Extracted entries —
______

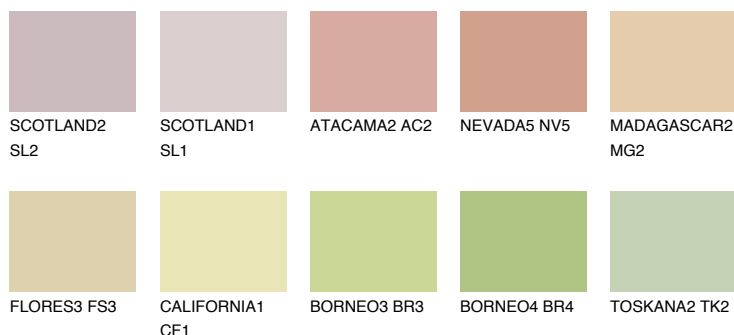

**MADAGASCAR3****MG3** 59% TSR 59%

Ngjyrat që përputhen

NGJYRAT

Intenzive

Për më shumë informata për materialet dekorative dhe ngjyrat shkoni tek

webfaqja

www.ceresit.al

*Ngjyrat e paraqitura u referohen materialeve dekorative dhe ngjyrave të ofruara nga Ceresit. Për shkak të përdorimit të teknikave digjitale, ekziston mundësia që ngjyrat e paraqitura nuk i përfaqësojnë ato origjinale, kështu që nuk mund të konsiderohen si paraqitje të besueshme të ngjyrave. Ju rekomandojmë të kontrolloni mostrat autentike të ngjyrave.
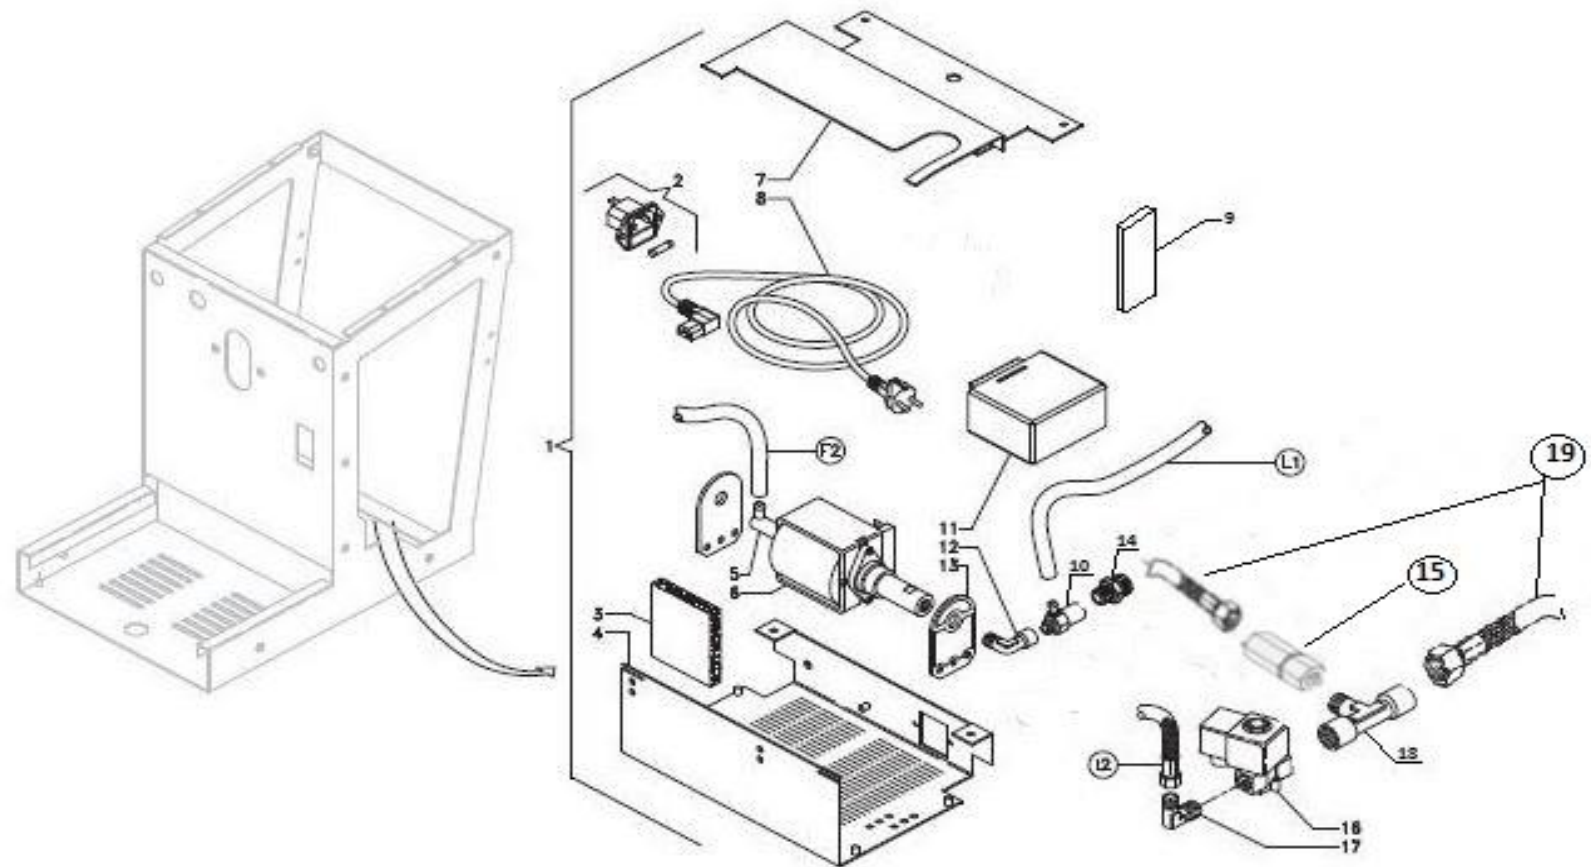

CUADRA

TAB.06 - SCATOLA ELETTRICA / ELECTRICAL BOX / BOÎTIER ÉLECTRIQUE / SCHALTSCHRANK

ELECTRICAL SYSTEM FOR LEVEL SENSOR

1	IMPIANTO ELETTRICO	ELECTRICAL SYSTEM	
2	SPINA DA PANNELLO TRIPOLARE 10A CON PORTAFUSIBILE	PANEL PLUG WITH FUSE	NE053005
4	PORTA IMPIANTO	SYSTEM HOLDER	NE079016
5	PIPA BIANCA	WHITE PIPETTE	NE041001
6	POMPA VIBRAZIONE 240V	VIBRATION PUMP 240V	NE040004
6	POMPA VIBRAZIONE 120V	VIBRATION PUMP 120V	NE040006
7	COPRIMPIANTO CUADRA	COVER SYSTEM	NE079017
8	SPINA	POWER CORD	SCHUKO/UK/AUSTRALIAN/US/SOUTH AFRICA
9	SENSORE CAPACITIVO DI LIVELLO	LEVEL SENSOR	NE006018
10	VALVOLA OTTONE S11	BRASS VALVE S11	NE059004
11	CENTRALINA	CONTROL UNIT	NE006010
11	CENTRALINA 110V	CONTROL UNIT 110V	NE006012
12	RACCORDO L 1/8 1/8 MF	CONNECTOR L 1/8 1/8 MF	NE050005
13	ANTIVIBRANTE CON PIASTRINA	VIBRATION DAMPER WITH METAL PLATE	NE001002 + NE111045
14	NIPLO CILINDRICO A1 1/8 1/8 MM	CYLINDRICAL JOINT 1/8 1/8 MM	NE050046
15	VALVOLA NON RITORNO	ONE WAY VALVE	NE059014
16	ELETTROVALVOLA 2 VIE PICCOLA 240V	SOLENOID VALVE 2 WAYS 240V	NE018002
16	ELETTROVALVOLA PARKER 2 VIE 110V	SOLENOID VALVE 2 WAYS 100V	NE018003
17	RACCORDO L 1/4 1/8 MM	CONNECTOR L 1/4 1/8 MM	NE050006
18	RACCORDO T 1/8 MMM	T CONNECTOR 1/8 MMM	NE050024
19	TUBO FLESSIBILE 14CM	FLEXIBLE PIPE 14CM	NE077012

______

Assignment — Return each record exactly as given, excluding any image.

Written answer —
**MADAGASCAR3****MG3** 59% TSR 59%

Ngjyrat që përputhen

NGJYRAT

Intenzive

Për më shumë informata për materialet dekorative dhe ngjyrat shkoni tek

webfaqja

www.ceresit.al

*Ngjyrat e paraqitura u referohen materialeve dekorative dhe ngjyrave të ofruara nga Ceresit. Për shkak të përdorimit të teknikave digjitale, ekziston mundësia që ngjyrat e paraqitura nuk i përfaqësojnë ato origjinale, kështu që nuk mund të konsiderohen si paraqitje të besueshme të ngjyrave. Ju rekomandojmë të kontrolloni mostrat autentike të ngjyrave.

CUADRA

TAB.06 - SCATOLA ELETTRICA / ELECTRICAL BOX / BOÎTIER ÉLECTRIQUE / SCHALTSCHRANK

ELECTRICAL SYSTEM FOR LEVEL SENSOR

1	IMPIANTO ELETTRICO	ELECTRICAL SYSTEM	
2	SPINA DA PANNELLO TRIPOLARE 10A CON PORTAFUSIBILE	PANEL PLUG WITH FUSE	NE053005
4	PORTA IMPIANTO	SYSTEM HOLDER	NE079016
5	PIPA BIANCA	WHITE PIPETTE	NE041001
6	POMPA VIBRAZIONE 240V	VIBRATION PUMP 240V	NE040004
6	POMPA VIBRAZIONE 120V	VIBRATION PUMP 120V	NE040006
7	COPRIMPIANTO CUADRA	COVER SYSTEM	NE079017
8	SPINA	POWER CORD	SCHUKO/UK/AUSTRALIAN/US/SOUTH AFRICA
9	SENSORE CAPACITIVO DI LIVELLO	LEVEL SENSOR	NE006018
10	VALVOLA OTTONE S11	BRASS VALVE S11	NE059004
11	CENTRALINA	CONTROL UNIT	NE006010
11	CENTRALINA 110V	CONTROL UNIT 110V	NE006012
12	RACCORDO L 1/8 1/8 MF	CONNECTOR L 1/8 1/8 MF	NE050005
13	ANTIVIBRANTE CON PIASTRINA	VIBRATION DAMPER WITH METAL PLATE	NE001002 + NE111045
14	NIPLO CILINDRICO A1 1/8 1/8 MM	CYLINDRICAL JOINT 1/8 1/8 MM	NE050046
15	VALVOLA NON RITORNO	ONE WAY VALVE	NE059014
16	ELETTROVALVOLA 2 VIE PICCOLA 240V	SOLENOID VALVE 2 WAYS 240V	NE018002
16	ELETTROVALVOLA PARKER 2 VIE 110V	SOLENOID VALVE 2 WAYS 100V	NE018003
17	RACCORDO L 1/4 1/8 MM	CONNECTOR L 1/4 1/8 MM	NE050006
18	RACCORDO T 1/8 MMM	T CONNECTOR 1/8 MMM	NE050024
19	TUBO FLESSIBILE 14CM	FLEXIBLE PIPE 14CM	NE077012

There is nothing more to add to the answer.